Хранят природный газ в подземных газохранилищах, нередко используя для этого прежние выработки и огромные естественные пещеры. Первое в мире подземное газохранилище было сооружено на базе истощенного газового месторождения в провинции Онтарио (Канада) в 1915 году. В нашей стране подземное газохранилище - Башкатовское на западе Оренбургской области - было введено в эксплуатацию в 1958 году.
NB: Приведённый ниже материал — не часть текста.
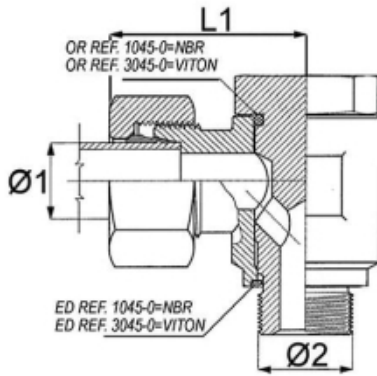

BANJOKOPPELING Ø8L X 1/4 BSP

Model: 1045-0-08LR

Description

Banjokoppeling Ø8L x 1/4 BSP

Smeertechniek Rotterdam

Cairostraat 74
3047 BC Rotterdam

T 010 - 466 62 55

F 010 - 466 66 55

Различают два типа подземных газохранилищ: в искусственных выработках и в пористых пластах. Первый тип хранилищ получил ограниченное распространение. Так, в США по состоянию на 2004 год на них приходилось лишь 6 % из 371 подземных газохранилищ: 1 - в переоборудованной угольной шахте и 21 - в отложениях каменной соли. Остальные 349 подземных газохранилищ относятся к хранилищам второго типа: из них 305 размещены в отработанных нефтяных и газовых месторождениях, а 44 - в водоносных пластах.
Широкое использование хранилищ в истощенных нефтегазовых месторождениях объясняется минимальными дополнительными затратами на оборудование подземных газохранилищ, поскольку саму ловушку с проницаемым пластом природа уже «изготовила».
Давление закачиваемого в подземное хранилище газа достигает 15 МПа. Для закачки используют газомоторные компрессоры.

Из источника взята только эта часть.